# Vintage Bicycle Show and Swap Charlotte NC, May 18th



## DuncanM (Apr 30, 2013)

Introducing the 2nd Vintage Bicycle Show and Swap.
Held in conjunction with the 10th annual Charlotte Transporter Show at Hodges Family Farm, May 18 2013, in Charlotte North Carolina, from 8 am to 2 pm.
The Hodges Family Farm is located at 3900 Rocky River Rd, Charlotte NC, 28215.

Admission is free.
Swap spots for bikes and related items will be $5 for a 10x10 space.

Hodges will have a concession stand during the event.

Please no loud music, burnouts or other disrespectful behavior on the farm property. Hodges Farm asks that you leave your dogs at home for this event.

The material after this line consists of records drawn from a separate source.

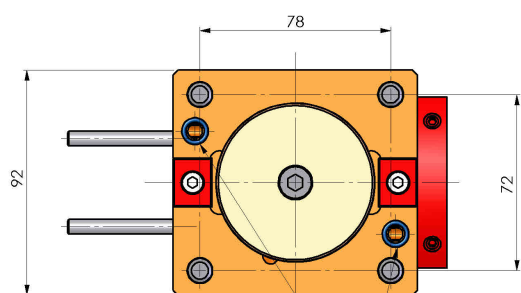

06380400 - TH-BRB D65 D40 H90

Tipo	TH-BRB Portautensili statico portabareno
Attacco	CILINDRICO 65
Uscita utensile	TH porta bareno 40
Raffreddamento	Refrigerazione esterna / interna
H [mm]	90

Accessori	N.D.
Note	N.D.
Note per il montaggio	N.D.

Verificare sempre gli ingombri del portautensile in torretta

ENTRATA LIQUIDO
REFRIGERANTE
COOLANT ENTRY

DATE/DATE
26/08/2019 06380400-R011

Salvo modifiche tecniche

For further questions, please PM me.
More info to come.

Link to the Charlotte Transporter Show is below.
http://www.thesamba.com/vw/forum/viewto ... sc&start=0


----------



## DuncanM (May 16, 2013)

Just 2 days away! Come out and enjoy some vintage bikes and vintage Volkswagens!


----------



## richtrix (May 17, 2013)

Good luck Duncan....Hoping you have a good showing!


----------



## Freqman1 (May 20, 2013)

Just curious what the turn out for this one was? Pics? V/r Shawn


----------



## Freqman1 (May 28, 2013)

Did anyone go to this show? Its a possibility for me but I just want to make sure its worth the 6 hour round trip ride. V/r Shawn


----------